TASK PROMPT:
Gather all lines with "Escola" from the records.

ENTRIES PROVIDED:
--- START ---

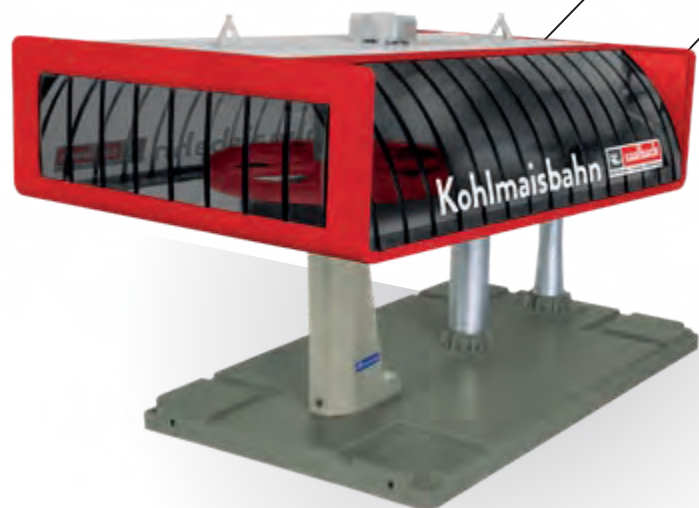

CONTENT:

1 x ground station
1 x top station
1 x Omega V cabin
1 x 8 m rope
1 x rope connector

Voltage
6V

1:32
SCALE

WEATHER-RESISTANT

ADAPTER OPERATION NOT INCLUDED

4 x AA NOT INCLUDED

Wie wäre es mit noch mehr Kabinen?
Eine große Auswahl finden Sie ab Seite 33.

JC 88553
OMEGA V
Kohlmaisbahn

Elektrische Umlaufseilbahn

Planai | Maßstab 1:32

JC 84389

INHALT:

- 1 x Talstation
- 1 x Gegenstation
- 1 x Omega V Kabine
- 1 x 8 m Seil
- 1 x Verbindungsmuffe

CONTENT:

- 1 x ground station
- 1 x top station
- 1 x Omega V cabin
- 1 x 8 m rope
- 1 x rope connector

--- END ---
--- START ---

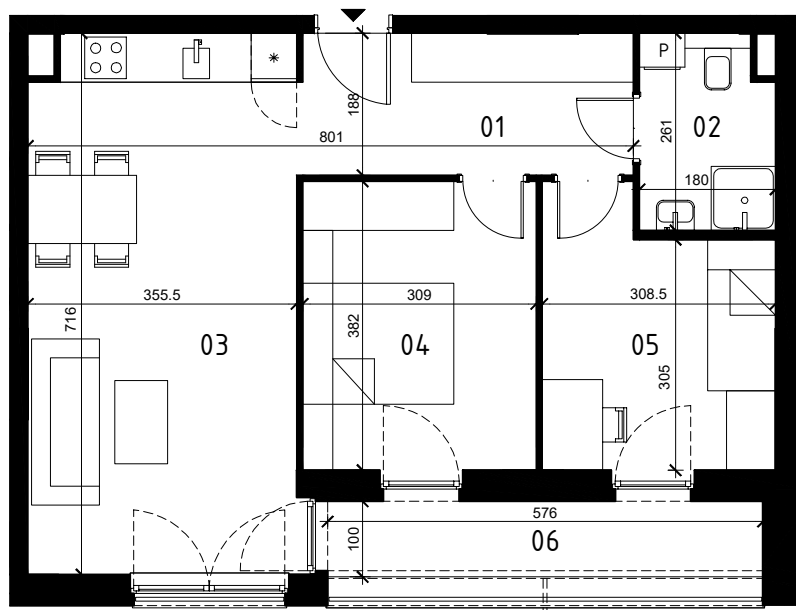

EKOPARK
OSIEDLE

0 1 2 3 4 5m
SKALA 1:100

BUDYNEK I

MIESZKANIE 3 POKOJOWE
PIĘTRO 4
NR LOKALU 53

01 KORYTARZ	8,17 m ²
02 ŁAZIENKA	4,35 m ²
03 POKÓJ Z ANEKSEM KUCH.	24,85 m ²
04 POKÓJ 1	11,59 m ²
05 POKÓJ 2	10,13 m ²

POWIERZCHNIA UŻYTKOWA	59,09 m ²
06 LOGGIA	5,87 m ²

--- END ---
--- START ---

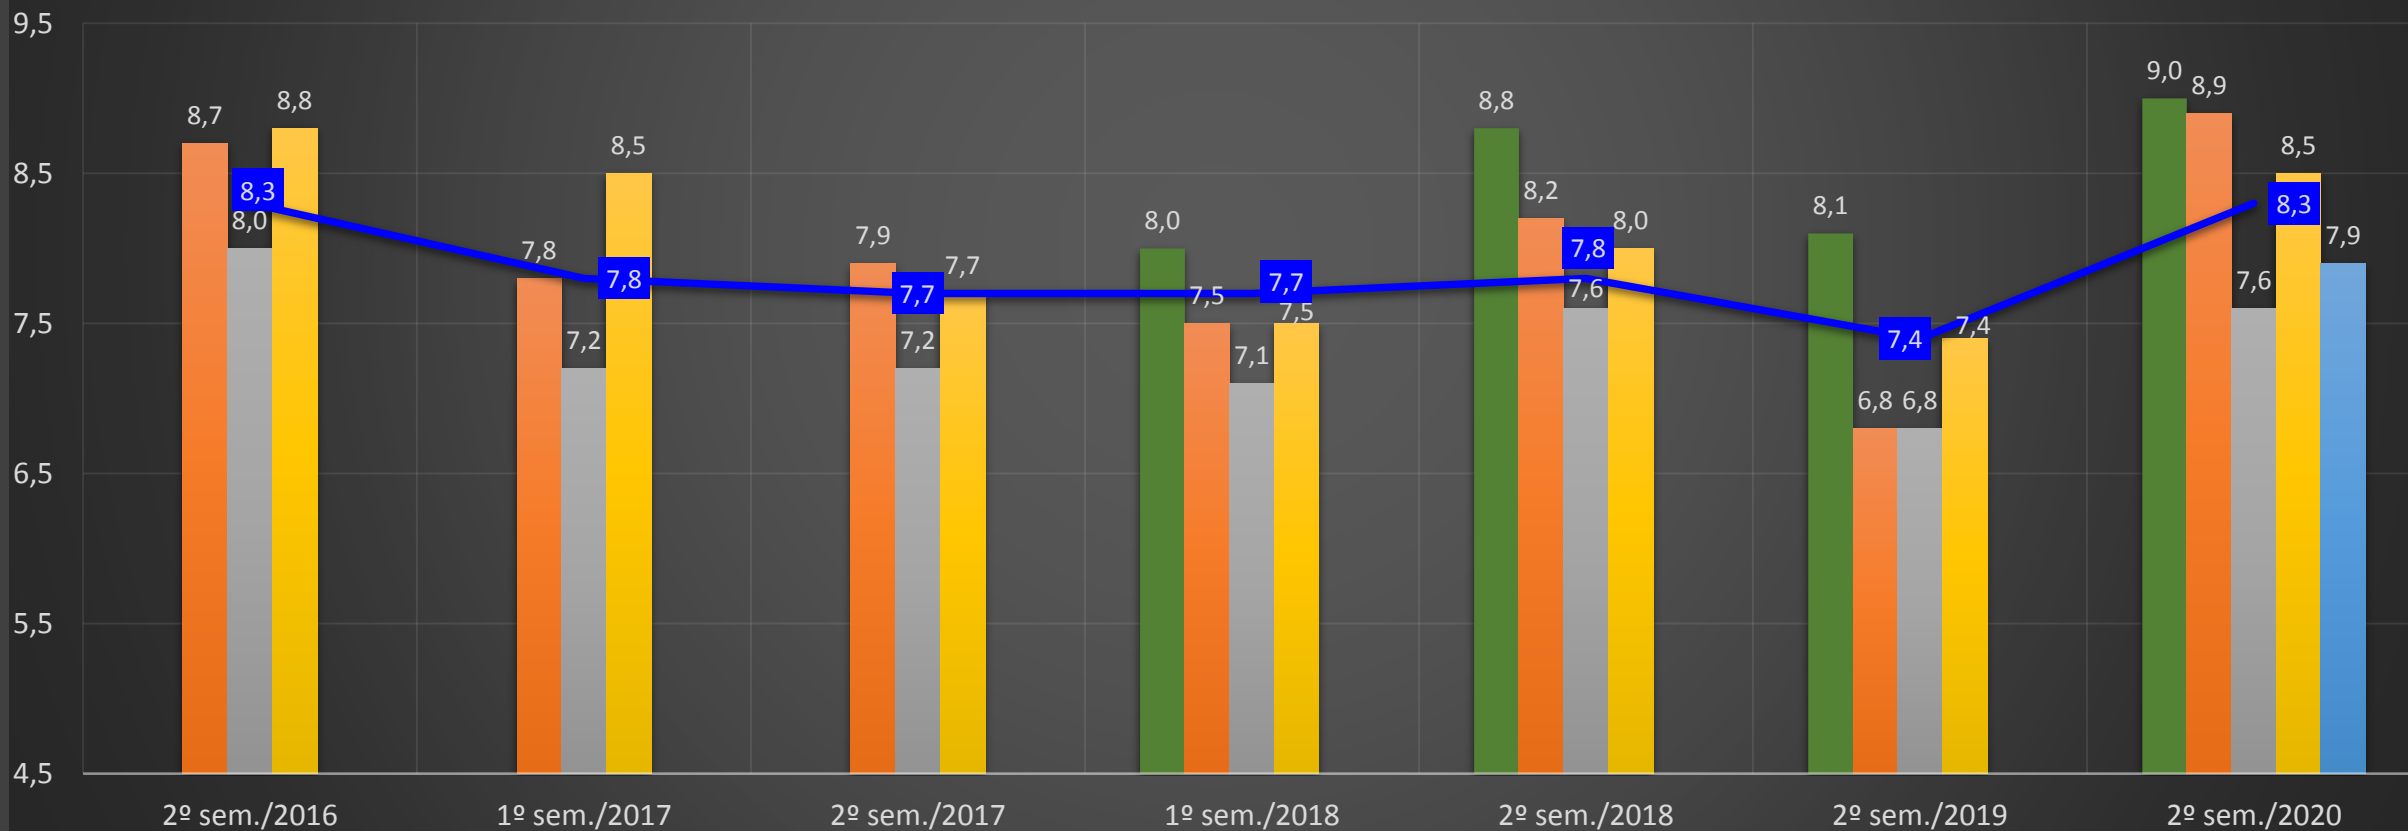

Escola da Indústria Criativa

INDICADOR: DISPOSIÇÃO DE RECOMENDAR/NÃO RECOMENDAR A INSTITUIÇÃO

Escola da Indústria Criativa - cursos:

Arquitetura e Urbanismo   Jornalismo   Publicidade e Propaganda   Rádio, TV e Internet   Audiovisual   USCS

--- END ---

SOLVED PROBLEM:
Escola da Indústria Criativa
Escola da Indústria Criativa - cursos:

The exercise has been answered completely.